Shell, which signed the first shale gas production-sharing contract in China, will trim its project in Sichuan province because of geological challenges and the area’s dense population.

The Anglo-Dutch company along with China National Petroleum Corp. had planned billions of dollars in investment from this year to meet the country’s energy demand, the world’s largest. Shell now plans to focus chiefly on the development of the Changbei tight gas field in the Shaanxi region.

“In Sichuan progress has been slower and more difficult than we might have hoped: partly geological reasons, partly some of the challenges of operating in the very highly populated agricultural region,” Shell CFO Simon Henry told investors Sept. 5 in New York. “It’s likely it will be smaller than originally envisaged.”

China may miss its 2020 target for shale-gas production as a lack of infrastructure and technology hampers development of the world’s biggest reserves, a government official said in July.

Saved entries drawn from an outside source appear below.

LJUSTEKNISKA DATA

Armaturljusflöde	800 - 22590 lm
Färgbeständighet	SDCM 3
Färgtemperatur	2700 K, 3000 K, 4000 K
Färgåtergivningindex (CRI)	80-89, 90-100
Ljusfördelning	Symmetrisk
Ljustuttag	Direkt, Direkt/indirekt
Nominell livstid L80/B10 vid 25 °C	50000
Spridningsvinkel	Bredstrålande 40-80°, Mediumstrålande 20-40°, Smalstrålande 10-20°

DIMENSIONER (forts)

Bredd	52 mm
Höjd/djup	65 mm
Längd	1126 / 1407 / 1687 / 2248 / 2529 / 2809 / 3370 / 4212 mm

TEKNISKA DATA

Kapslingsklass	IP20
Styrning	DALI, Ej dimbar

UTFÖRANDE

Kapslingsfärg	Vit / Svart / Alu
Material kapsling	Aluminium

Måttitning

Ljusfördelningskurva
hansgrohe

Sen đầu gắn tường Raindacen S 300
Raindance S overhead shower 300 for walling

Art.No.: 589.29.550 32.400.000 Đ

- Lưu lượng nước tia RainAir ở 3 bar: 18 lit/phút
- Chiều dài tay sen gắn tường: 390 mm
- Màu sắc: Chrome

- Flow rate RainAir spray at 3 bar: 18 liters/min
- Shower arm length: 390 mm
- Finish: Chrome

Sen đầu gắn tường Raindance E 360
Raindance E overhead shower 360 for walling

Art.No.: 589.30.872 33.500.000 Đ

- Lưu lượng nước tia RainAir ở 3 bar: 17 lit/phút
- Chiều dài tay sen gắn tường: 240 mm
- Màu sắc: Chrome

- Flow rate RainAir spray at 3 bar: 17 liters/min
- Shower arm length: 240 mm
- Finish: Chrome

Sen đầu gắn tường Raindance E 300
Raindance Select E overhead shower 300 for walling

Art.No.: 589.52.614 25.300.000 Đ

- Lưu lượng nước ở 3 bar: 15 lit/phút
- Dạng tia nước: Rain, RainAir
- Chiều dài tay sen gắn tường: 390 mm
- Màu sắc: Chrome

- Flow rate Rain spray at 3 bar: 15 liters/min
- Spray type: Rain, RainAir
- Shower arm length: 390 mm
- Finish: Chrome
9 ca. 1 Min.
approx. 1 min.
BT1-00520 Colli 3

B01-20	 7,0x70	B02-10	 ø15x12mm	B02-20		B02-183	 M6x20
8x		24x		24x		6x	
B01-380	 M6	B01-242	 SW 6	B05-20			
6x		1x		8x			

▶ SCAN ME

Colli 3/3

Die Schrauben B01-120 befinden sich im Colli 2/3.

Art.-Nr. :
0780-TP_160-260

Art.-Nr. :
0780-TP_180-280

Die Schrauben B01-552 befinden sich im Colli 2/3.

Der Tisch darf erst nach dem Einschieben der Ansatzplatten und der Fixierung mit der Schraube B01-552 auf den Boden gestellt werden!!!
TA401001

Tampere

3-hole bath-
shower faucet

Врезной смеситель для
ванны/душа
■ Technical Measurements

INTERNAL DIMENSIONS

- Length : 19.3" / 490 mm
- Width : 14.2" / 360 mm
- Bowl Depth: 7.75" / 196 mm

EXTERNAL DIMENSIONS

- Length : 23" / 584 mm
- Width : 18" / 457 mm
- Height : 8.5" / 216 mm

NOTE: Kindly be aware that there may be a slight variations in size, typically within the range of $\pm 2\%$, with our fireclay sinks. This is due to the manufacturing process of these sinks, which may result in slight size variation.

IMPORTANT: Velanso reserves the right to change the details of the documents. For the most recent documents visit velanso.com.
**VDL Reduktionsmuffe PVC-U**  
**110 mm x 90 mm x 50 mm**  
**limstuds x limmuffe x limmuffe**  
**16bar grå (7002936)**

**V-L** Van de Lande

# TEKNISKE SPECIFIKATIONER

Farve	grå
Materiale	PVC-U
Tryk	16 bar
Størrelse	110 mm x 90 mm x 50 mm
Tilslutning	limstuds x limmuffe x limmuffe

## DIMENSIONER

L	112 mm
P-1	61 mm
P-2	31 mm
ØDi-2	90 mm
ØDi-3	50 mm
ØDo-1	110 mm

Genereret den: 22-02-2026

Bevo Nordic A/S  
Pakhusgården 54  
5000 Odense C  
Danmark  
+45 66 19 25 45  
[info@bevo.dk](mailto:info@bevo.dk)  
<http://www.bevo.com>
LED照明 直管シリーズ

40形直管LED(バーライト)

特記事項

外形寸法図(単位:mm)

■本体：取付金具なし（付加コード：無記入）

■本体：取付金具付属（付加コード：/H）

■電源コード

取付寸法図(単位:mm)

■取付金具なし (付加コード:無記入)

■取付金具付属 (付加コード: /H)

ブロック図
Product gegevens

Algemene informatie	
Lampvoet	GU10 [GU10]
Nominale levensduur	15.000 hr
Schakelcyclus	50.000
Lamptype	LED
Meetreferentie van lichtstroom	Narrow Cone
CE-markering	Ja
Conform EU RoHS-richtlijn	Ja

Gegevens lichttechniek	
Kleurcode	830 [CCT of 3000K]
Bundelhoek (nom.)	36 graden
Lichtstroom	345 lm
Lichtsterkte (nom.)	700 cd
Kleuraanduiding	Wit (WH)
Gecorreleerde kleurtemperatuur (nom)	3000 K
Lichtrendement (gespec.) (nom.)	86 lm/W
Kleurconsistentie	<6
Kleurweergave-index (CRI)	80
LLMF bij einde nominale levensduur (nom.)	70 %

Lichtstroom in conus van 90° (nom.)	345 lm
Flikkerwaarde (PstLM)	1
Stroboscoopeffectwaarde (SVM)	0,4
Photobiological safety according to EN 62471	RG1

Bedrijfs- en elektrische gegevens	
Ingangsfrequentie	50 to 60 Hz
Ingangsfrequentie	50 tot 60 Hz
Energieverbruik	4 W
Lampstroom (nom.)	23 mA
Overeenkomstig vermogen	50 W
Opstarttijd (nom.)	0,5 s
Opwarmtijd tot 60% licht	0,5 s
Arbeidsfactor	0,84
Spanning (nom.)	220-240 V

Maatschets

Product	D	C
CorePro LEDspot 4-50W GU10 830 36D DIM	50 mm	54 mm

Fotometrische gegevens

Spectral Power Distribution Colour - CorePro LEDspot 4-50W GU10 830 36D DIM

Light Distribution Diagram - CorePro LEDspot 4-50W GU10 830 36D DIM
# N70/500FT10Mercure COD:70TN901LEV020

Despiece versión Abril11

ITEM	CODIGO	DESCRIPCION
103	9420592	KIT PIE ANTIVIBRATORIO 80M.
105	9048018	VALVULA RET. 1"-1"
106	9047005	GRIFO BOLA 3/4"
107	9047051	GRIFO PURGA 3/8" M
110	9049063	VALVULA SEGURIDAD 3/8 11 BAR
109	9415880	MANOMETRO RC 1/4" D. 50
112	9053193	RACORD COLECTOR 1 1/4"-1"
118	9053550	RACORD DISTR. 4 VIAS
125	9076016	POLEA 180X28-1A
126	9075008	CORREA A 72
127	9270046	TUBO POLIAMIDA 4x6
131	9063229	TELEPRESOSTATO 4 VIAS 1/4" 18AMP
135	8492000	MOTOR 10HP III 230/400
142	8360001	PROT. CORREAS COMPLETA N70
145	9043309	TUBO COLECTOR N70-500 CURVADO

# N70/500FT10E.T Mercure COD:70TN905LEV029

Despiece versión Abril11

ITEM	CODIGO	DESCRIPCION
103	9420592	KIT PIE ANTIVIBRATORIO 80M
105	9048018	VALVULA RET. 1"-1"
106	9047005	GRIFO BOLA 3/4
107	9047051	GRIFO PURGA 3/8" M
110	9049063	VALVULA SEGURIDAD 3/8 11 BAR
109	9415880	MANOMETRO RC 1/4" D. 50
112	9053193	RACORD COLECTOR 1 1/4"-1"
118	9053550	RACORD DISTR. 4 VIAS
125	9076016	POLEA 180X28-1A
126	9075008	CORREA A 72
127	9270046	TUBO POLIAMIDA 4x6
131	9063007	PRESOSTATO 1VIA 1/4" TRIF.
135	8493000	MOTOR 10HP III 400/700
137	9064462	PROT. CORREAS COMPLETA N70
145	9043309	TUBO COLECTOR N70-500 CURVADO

The nation had set a national output target of as much as 100 Bcm (3.5 Tcf) by the end of the decade. U.S. production reached about 290 Bcm (10 Tcf) in 2012.

Shell executives will travel to China next week for talks with partners, Henry said. “It’s not looking like a major part of the investment program going forward” in Sichuan, he said.

Separately, Shell plans to reduce about $500 million in capital and operating costs in North America’s exploration projects this year, Marvin Odum, Shell’s Upstream Americas director, also told investors at the same presentation.